Task goal
Scan the material for the word "Model" and return every matching line.

Top of Exercise data

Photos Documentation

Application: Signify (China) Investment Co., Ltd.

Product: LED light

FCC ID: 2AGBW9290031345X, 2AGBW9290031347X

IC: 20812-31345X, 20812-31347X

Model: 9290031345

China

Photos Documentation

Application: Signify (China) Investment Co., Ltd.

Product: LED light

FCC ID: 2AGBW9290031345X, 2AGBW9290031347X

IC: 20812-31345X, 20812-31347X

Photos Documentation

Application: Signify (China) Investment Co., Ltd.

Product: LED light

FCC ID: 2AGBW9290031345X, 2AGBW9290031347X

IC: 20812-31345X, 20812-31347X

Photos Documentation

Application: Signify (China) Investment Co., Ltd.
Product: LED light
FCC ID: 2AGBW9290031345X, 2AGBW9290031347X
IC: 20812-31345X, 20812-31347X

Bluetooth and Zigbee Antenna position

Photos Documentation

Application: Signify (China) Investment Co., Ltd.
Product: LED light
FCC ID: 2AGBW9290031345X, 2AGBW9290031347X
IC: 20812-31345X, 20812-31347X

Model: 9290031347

Bottom of Exercise data
Top of Exercise data

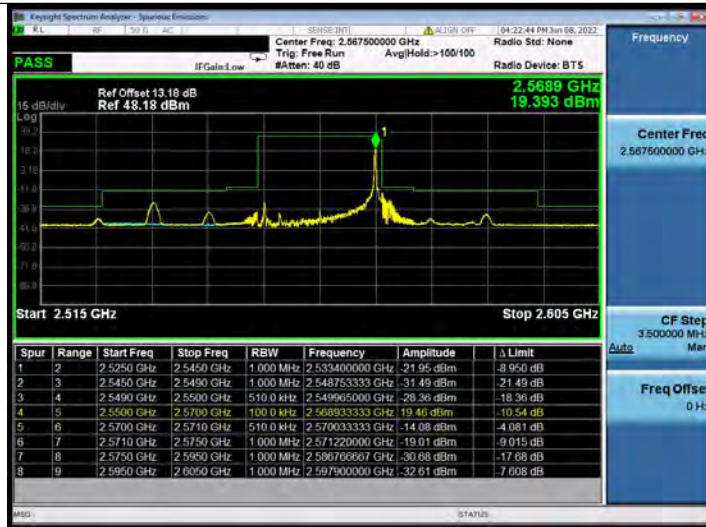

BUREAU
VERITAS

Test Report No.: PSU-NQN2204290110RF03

Bottom of Exercise data

Response to the exercise
Model: 9290031345
Model: 9290031347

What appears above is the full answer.